Task input.
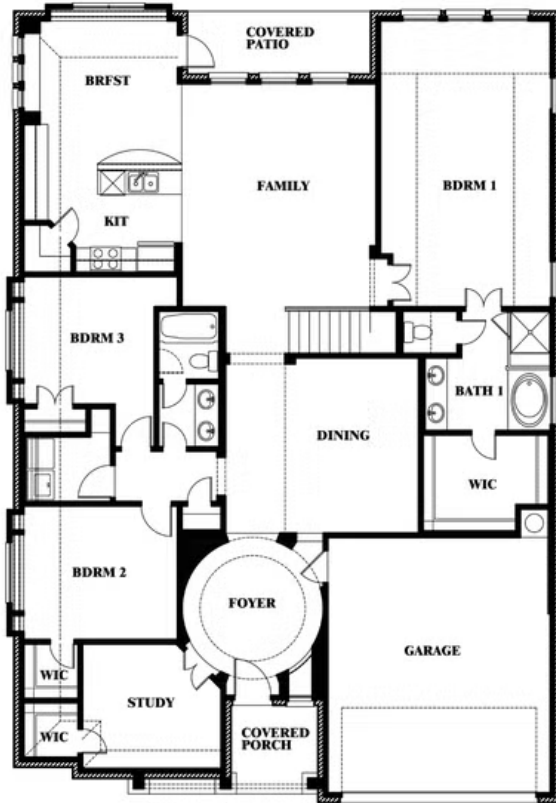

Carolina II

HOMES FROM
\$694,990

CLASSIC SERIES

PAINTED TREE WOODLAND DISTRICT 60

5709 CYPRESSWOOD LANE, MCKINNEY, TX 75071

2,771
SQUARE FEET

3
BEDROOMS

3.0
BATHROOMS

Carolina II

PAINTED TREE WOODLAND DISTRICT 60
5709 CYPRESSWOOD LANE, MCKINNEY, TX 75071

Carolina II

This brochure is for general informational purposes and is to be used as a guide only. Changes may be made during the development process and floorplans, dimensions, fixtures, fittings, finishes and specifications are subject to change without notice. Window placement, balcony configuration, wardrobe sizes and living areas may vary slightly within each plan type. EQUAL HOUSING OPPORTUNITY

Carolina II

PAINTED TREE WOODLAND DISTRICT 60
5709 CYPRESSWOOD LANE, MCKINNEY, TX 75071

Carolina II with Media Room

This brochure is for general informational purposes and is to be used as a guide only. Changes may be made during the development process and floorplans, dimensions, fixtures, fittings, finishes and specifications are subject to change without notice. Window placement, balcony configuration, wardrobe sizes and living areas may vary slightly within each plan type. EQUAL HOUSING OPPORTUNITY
* * *
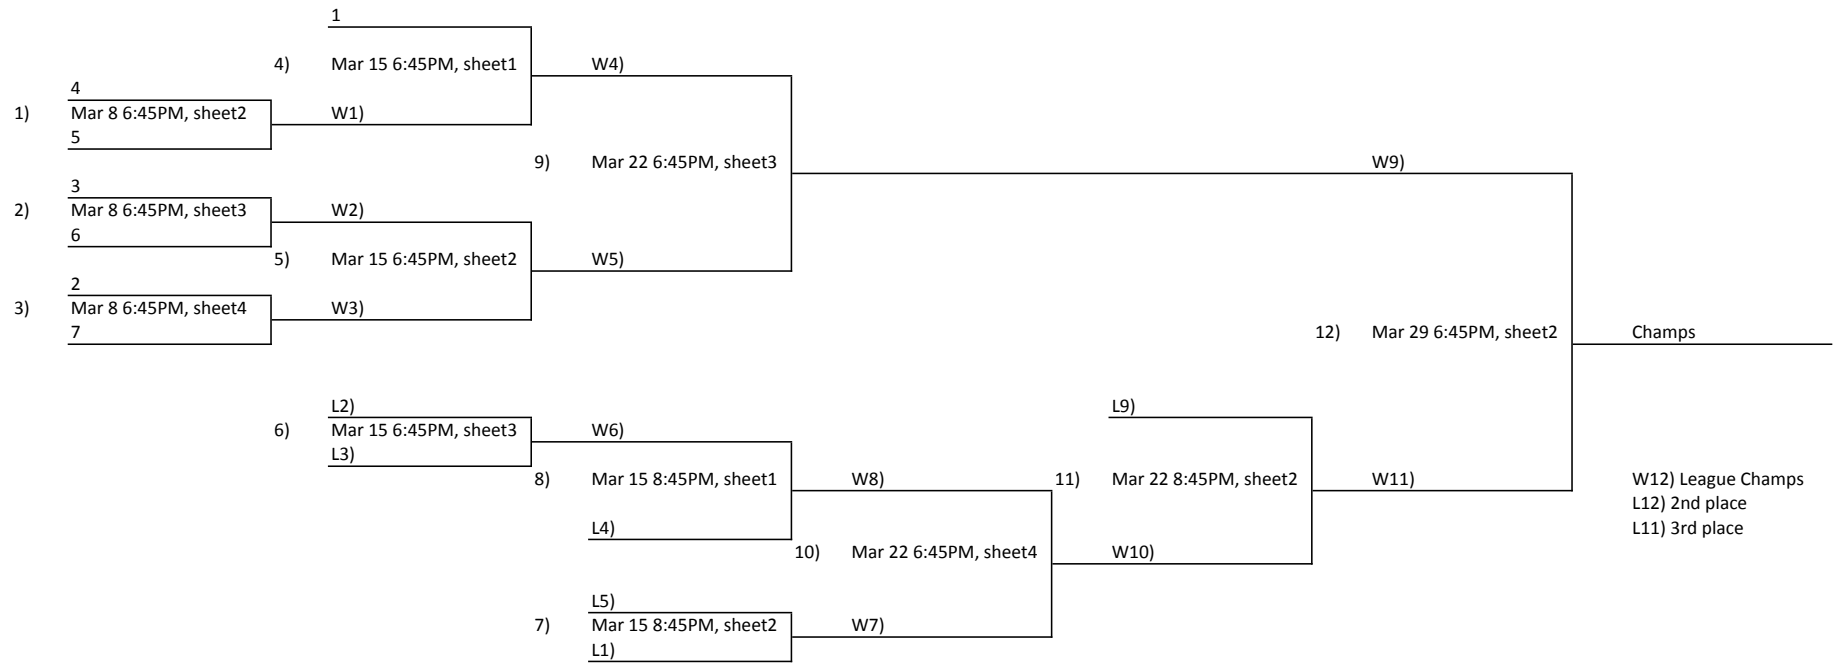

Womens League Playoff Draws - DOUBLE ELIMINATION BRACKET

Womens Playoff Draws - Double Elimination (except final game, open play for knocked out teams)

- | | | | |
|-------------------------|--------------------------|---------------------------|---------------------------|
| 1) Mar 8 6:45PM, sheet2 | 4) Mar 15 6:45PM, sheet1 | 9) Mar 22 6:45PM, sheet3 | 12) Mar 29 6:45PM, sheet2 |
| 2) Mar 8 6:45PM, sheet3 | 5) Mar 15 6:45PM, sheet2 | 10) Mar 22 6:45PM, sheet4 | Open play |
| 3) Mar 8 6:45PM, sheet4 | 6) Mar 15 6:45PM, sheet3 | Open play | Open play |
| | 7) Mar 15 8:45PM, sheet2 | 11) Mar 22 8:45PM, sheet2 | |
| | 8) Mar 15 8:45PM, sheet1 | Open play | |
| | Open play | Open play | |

Exercise goal. Now copy each line of the entries that mentions "Draws".

Response to this exercise.
Womens League Playoff Draws - DOUBLE ELIMINATION BRACKET
Womens Playoff Draws - Double Elimination (except final game, open play for knocked out teams)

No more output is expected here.